***** MATERIAL FOR THIS EXERCISE
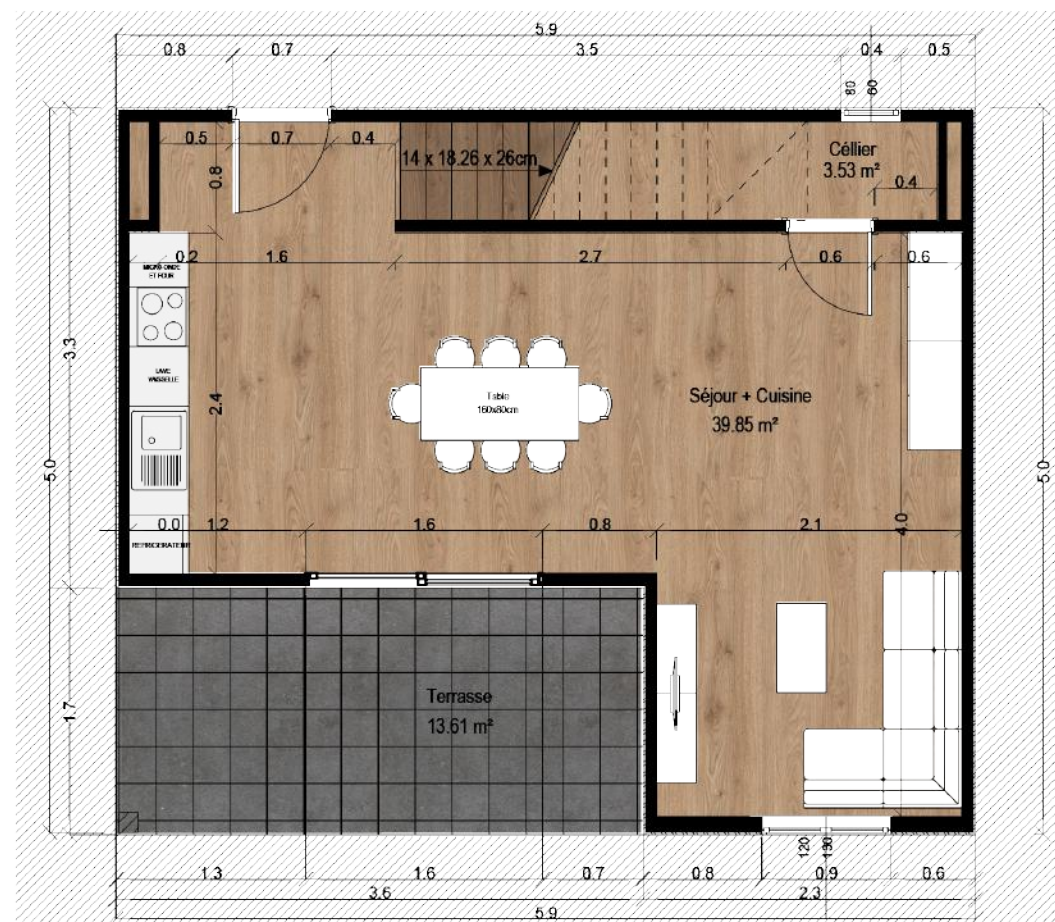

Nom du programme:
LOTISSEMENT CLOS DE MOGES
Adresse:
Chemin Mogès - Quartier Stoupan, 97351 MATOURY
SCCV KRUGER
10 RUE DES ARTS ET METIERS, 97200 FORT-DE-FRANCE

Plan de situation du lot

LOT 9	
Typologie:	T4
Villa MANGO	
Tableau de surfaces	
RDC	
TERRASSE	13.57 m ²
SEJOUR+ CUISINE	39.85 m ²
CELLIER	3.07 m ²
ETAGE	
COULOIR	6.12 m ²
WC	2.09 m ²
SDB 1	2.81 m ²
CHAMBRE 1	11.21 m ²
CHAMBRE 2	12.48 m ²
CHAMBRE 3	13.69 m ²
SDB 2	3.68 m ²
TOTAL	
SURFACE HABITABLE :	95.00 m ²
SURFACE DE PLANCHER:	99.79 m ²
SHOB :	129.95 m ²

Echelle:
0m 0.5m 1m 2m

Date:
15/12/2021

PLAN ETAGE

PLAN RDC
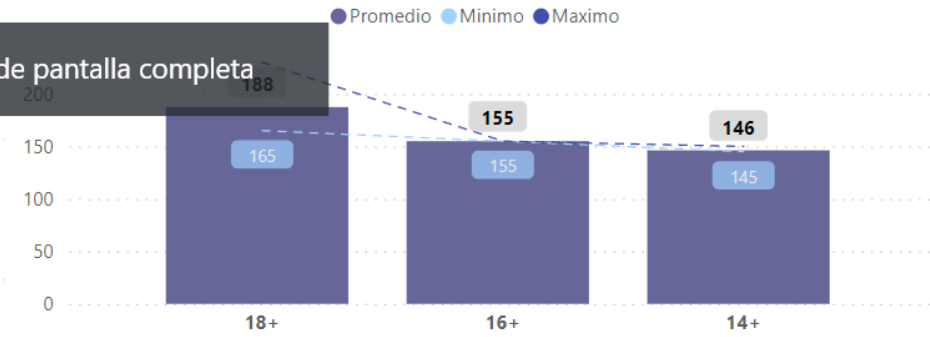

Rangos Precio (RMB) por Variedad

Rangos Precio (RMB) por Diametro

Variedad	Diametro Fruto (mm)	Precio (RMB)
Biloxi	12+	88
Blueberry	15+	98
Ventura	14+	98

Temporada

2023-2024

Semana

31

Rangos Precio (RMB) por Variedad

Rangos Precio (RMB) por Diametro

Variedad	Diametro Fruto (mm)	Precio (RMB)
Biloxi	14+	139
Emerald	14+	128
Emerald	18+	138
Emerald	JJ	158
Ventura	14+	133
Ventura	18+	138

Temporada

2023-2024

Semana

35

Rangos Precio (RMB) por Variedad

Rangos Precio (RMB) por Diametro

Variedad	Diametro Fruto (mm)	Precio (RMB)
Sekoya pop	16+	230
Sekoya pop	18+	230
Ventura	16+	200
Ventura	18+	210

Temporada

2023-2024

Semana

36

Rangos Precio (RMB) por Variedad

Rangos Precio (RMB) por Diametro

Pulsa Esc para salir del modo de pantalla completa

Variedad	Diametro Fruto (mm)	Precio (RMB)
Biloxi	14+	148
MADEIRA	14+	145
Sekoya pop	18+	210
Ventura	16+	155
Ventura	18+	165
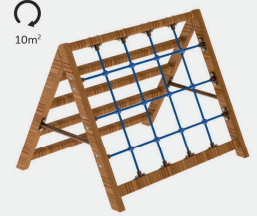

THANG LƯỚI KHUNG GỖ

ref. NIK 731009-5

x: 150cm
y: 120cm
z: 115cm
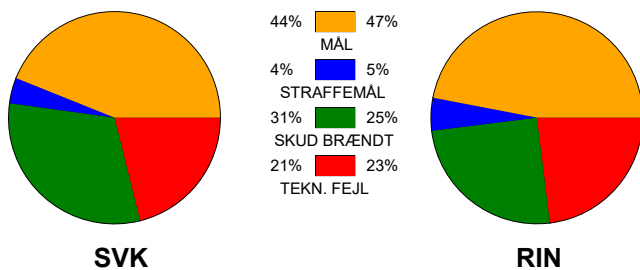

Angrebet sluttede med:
**********
Send back the entries above exactly. Skip the images.

- [OUTPUT FOR THIS EXERCISE]
Nom du programme:
LOTISSEMENT CLOS DE MOGES
Adresse:
Chemin Mogès - Quartier Stoupan, 97351 MATOURY
SCCV KRUGER
10 RUE DES ARTS ET METIERS, 97200 FORT-DE-FRANCE

Plan de situation du lot

LOT 9	
Typologie:	T4
Villa MANGO	
Tableau de surfaces	
RDC	
TERRASSE	13.57 m ²
SEJOUR+ CUISINE	39.85 m ²
CELLIER	3.07 m ²
ETAGE	
COULOIR	6.12 m ²
WC	2.09 m ²
SDB 1	2.81 m ²
CHAMBRE 1	11.21 m ²
CHAMBRE 2	12.48 m ²
CHAMBRE 3	13.69 m ²
SDB 2	3.68 m ²
TOTAL	
SURFACE HABITABLE :	95.00 m ²
SURFACE DE PLANCHER:	99.79 m ²
SHOB :	129.95 m ²

Echelle:
0m 0.5m 1m 2m

Date:
15/12/2021

PLAN ETAGE

PLAN RDC

Rangos Precio (RMB) por Variedad

Rangos Precio (RMB) por Diametro

Variedad	Diametro Fruto (mm)	Precio (RMB)
Biloxi	12+	88
Blueberry	15+	98
Ventura	14+	98

Temporada

2023-2024

Semana

31

Rangos Precio (RMB) por Variedad

Rangos Precio (RMB) por Diametro

Variedad	Diametro Fruto (mm)	Precio (RMB)
Biloxi	14+	139
Emerald	14+	128
Emerald	18+	138
Emerald	JJ	158
Ventura	14+	133
Ventura	18+	138

Temporada

2023-2024

Semana

35

Rangos Precio (RMB) por Variedad

Rangos Precio (RMB) por Diametro

Variedad	Diametro Fruto (mm)	Precio (RMB)
Sekoya pop	16+	230
Sekoya pop	18+	230
Ventura	16+	200
Ventura	18+	210

Temporada

2023-2024

Semana

36

Rangos Precio (RMB) por Variedad

Rangos Precio (RMB) por Diametro

Pulsa Esc para salir del modo de pantalla completa

Variedad	Diametro Fruto (mm)	Precio (RMB)
Biloxi	14+	148
MADEIRA	14+	145
Sekoya pop	18+	210
Ventura	16+	155
Ventura	18+	165

THANG LƯỚI KHUNG GỖ

ref. NIK 731009-5

x: 150cm
y: 120cm
z: 115cm

Angrebet sluttede med:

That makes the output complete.